Es ist wichtig, zwei Dinge dabeizuhaben: einen gültigen Lichtbildausweis (Personalausweis oder Reisepass) zur Identifikation und ausreichend Bargeld. Der Kaufpreis für ersteigerte Gegenstände muss unmittelbar nach dem Zuschlag vor Ort in bar bezahlt werden. Eine Zahlung mit Karte ist in der Regel nicht möglich.
In welchem Zustand sind die angebotenen Gegenstände?
Alle Fundsachen werden in dem Zustand versteigert, in dem sie aufgefunden und abgegeben wurden. Es gibt keine Garantie oder Gewährleistung. Deshalb ist die Besichtigungsphase ab 9:30 Uhr so wichtig. Nutzen Sie diese Zeit, um die Objekte Ihrer Wahl genau zu prüfen, bevor Sie ein Gebot abgeben.
Wie läuft eine solche Versteigerung genau ab?

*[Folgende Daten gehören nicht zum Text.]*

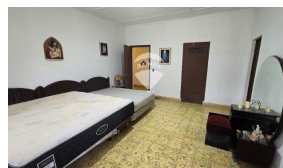

## Venta de casa de campo en Juayua

**\$675,000**

Juayua Recreativa Venta

V20-003935

  
5420.01 v<sup>2</sup>  
Área de Terreno

  
795.4 m<sup>2</sup>  
Área de Construcción

  
x4  
Número de Habitaciones

  
x4  
Baños

  
x1  
Número de Niveles

  
x20  
Estacionamiento

  
Privado

**Ingrid Wahn**

AGENTE

22230000

ingrid.wahn@remax-central.com.sv

Linda casa de campo con terreno de 5,420 v2 de topografía semi plana que se encuentra a 3.4 km al norte de la ciudad de Juayua. La casa data de 1954 con grandes, cómodos e iluminados espacios y esta rodeada de jardín con árboles, pinos y araucarias que crean un oasis de paz y tranquilidad. La casa tiene sala, comedor, bar, estudio, cocina, 2 dormitorios de servicio, baño de servicio, 2 bodegas, estudio, patio interno, habitación principal con salita, walk-in closet y baño, 2 habitaciones con walk-in closet y baño, 1 habitación con baño y closet. Cuenta con una amplia terraza cubierta propia para reuniones familiares y de amigos y además área para barbacoa. La propiedad puede ser utilizada para hotel, hostel, casa para eventos o casa de campo para disfrutar en familia. Venta a puerta cerrada
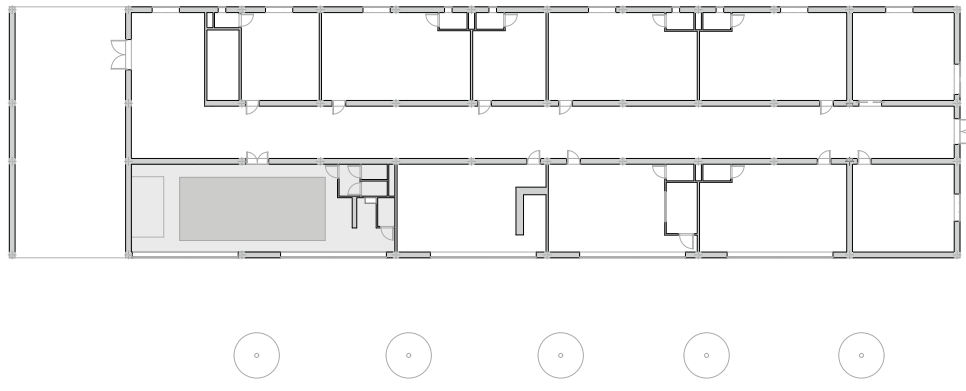

POPREČNI PRESEK R 1:50

REKVIZITA

DOBRIVOJEVA KUĆA

OSNOVA R 1 :50

PODUŽNI PRESEK R 1:50

IDEJNA SKICA

POPREČNI PRESEK R 1:50

REKVIZITA

SCENSKE SLIKE:
BIOSKOP
PALUBA
KUĆA VOLFOVIH

POPREČNI PRESEK R 1:50

OSNOVA R 1:50

PODUŽNI PRESEK R 1:50

IDEJNA SKICA

SKICE KOSTIMA

INSPIRACIJE ATMOSFERE
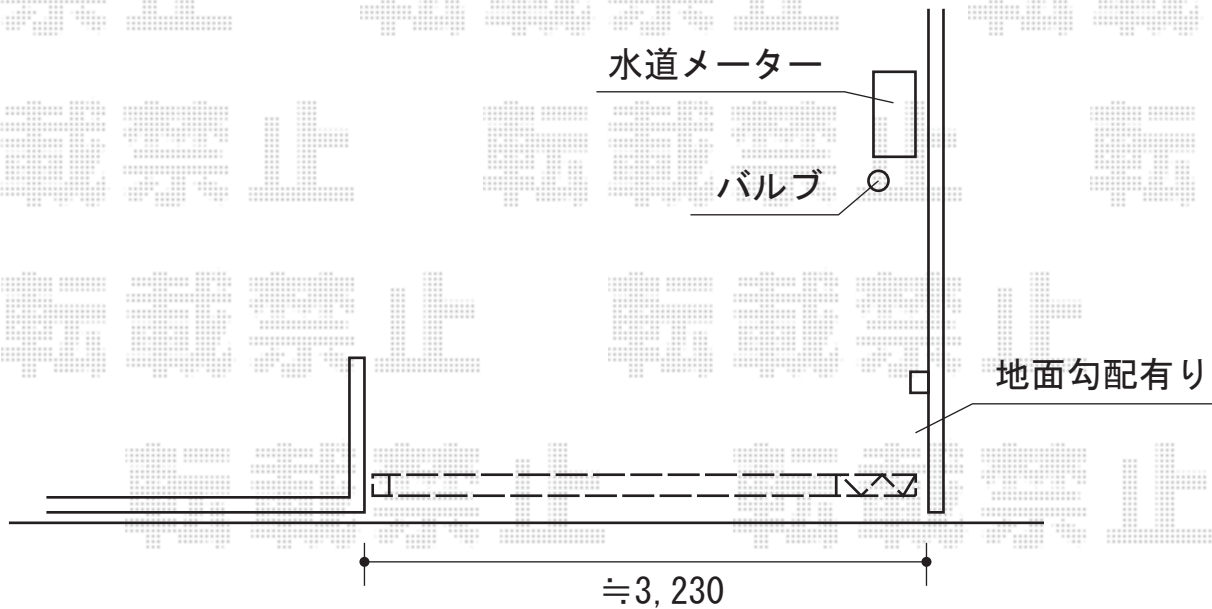

カーゲート 施工概略図

TOEX アルシャインII HW型Aタイプ ノンレール 片開き 360S
開口幅= 3,422mm
全幅= 3,538mm
たたみ幅= 625mm
高さ= 1,250mm
色： マイルドブラック
キャスター数： 3箇所
落棒数： 3本

2015-1-261199

担当者

伊野
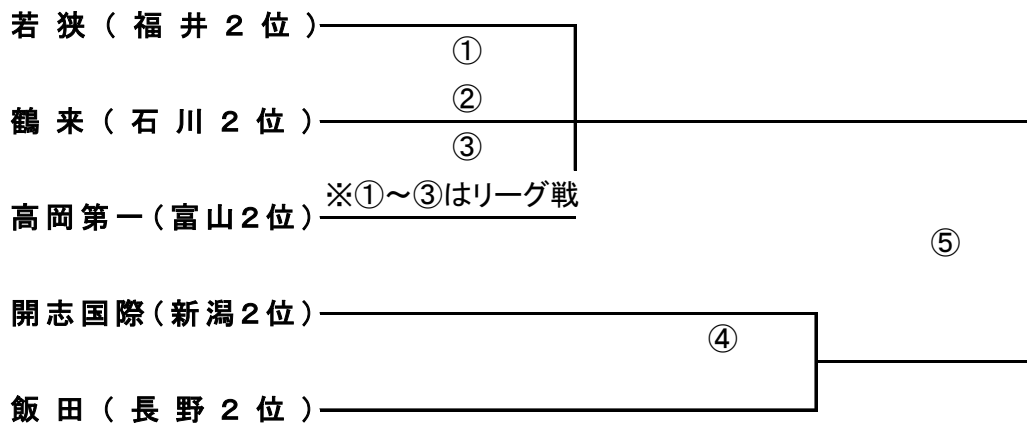

**(公財)日本ラグビーフットボール協会主催  
オータムブロックチャレンジトーナメント  
【組合せ表】**

日 程	11/14(土)	11/15(日)	11/23(月・祝)
	北陸ブロック	信越ブロック	北信越ブロック
会 場	石川県ラグビー場	長岡ニュータウン運動公園	岩瀬スポーツ公園

**今大会は無観客試合で開催します。**

※

北陸	鶴来	高岡第一	若狭
鶴来			
高岡第一			
若狭			

【確認事項】リーグ戦の順位は、獲得ポイント制により決定する。

【ポイント】 勝チーム:3 引き分け:2 負けチーム:1

【リーグ戦終了時において2つ以上のチームのポイントが同点の場合】

・全試合の得失点差の大きいチームを上位とする。

【得失点差も同数の場合】

・全試合の総トライ数の多いチームを上位とする。

【総トライ数も同数の場合】

・トライ後のコンバージョンゴールの成功総数の多いチームを上位とする。

【コンバージョンゴールの成功総数も同数の場合】

Unmittelbar vor Beginn der Auktion werden die Versteigerungsbedingungen bekannt gegeben. Ein Auktionator ruft die einzelnen Gegenstände (Posten) nacheinander auf, oft mit einem Startgebot. Interessenten können dann durch Handzeichen oder Zurufe höhere Gebote abgeben. Derjenige, der das letzte und höchste Gebot abgibt, erhält den Zuschlag und kann den Gegenstand nach sofortiger Bezahlung mit nach Hause nehmen.
Die Fundsachenversteigerung der Stadt Gifhorn ist mehr als nur eine Möglichkeit, günstig einzukaufen. Sie ist ein soziales Ereignis, ein Beitrag zur Nachhaltigkeit und eine spannende Erfahrung für Jung und Alt. Ob Sie gezielt nach einem Fahrrad suchen, auf ein besonderes Schnäppchen hoffen oder einfach nur die Atmosphäre genießen möchten – ein Besuch am 14. März 2026 auf dem BGS-Gelände lohnt sich in jedem Fall. Viel Erfolg bei der Jagd nach Ihrem persönlichen Schatz!